The chief eyed her quizzically. “They’ll carry you as far as you’ll care to go and for as long as you’ll stand. What’s troubling me is what your man will say when he knows?”

“Who—Peter?” Sheila’s smile deepened. “He’ll understand; he’ll be glad. Something both of us will remember always, something big to share. Oh, I know it’s going to be life and death, heaven and hell, rolled into a minute, but I wouldn’t be missing this chance—” She broke off suddenly, and when she spoke again there was a great reverence in her voice. “I feel as the littlest angel might have felt if God had asked him to be at the Creation.”

“Rather different, this.” Griggs, the chief’s assistant, spoke. There were just the three of them in the ambulance.

“Not so very. It’s another big primal happening, the hurling together of elemental things and impulses and watching something more solid and lasting come out. A new heaven and a new earth.”

“What we see coming out won’t be so solid or so lasting. We may not be ourselves.” Griggs was a pessimist, a heroic one, with an eye ever keen for the grimmest and most disappointing in life and a courage to meet it squarely.

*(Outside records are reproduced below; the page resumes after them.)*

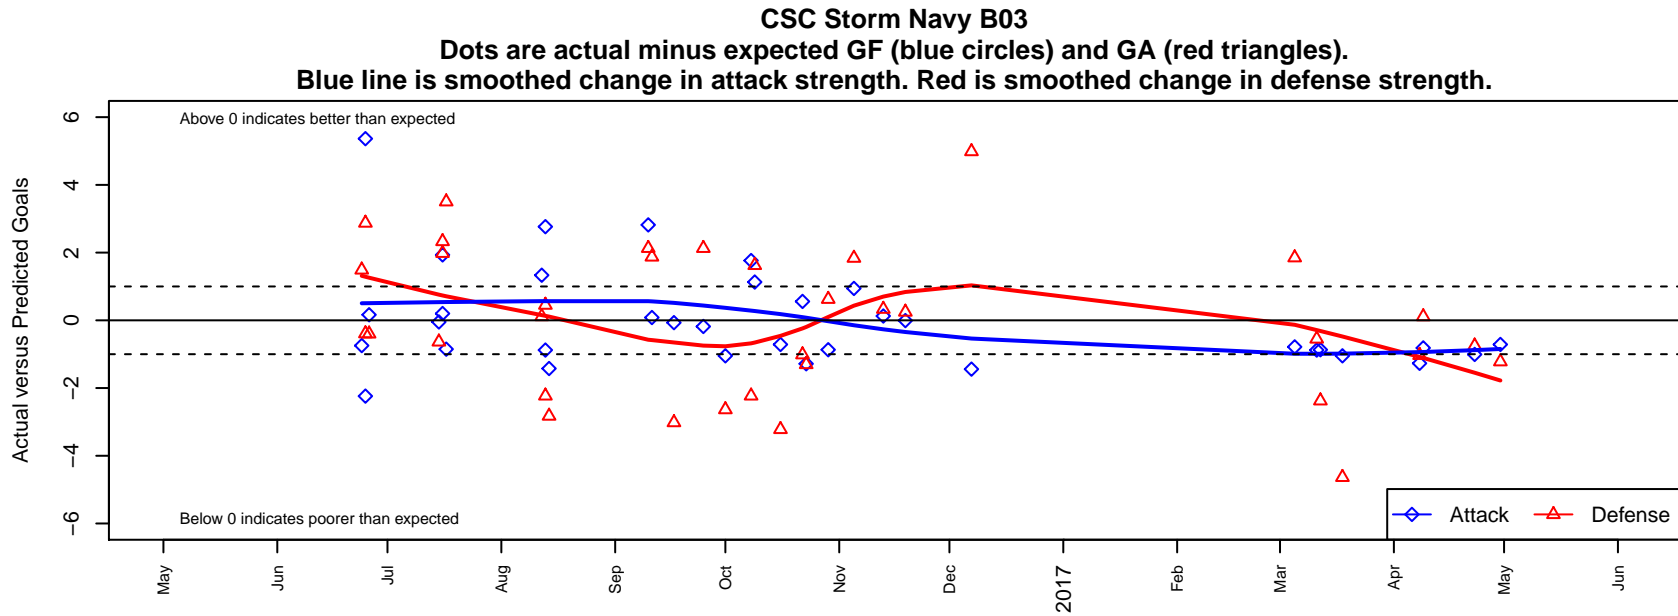

CSC Storm Navy B03

Corvallis SC Storm
 Corvallis, OR
 B03 total strength=877
 attack=1.6 defense=1.06
 fall league = PTT B03 Div 1 Green
 spr league = Spr OYS B03 Div 1 Green

alt names used:
 CSC 03B
 CORVALLIS CSC 03B (OR)
 CSC 03B
 Corvallis SC 03B
 Corvallis SC 03B
 Corvallis SC 03B

Venues played:
 2016 Capital Cup BU14 Silver
 2016 Beaverton Cup BU14 Silver
 2016 Bend Premier Cup Lucas Melano (Silver)
 2016 PTT B03 Division 1 Green
 2016 OYS Presidents Cup B03
 2016 Spr OYS B03 Division 1 Green

**attack and defense variance (black dot)
relative to other teams
and top 10 in region**

**attack and defense rating
relative to others at age
and all opponents in last 13 months**

Performance relative to 13 month average

The chief’s glance brushed him on its way to the nurse; Griggs’s share of it was plainly commiserating. “And I say, blessed be those who shall inherit it. But, girl, this doesn’t settle the question of your man. I’ve had to duck orders a bit to bring you along. Women aren’t wanted at the front. He may hold it up stiff against me for it.”

“But I can help. Any woman who can stand it will be needed. They shouldn’t bar us out. That’s all Peter’ll think about. Don’t worry.”

There was no question in the girl’s mind as to the wisdom or right in her coming—or Peter’s verdict in the matter. He would not fuss over this plunge into danger any more than he had misunderstood her giving away her wedding back at the old San and coming over at the eleventh hour. The last words Peter had said when he left her for the front came back with absolute distinctness:

“Whatever happens, do what you think best, go where you feel you must go. Don’t bungle your instincts. I’d trust them next to God’s own.”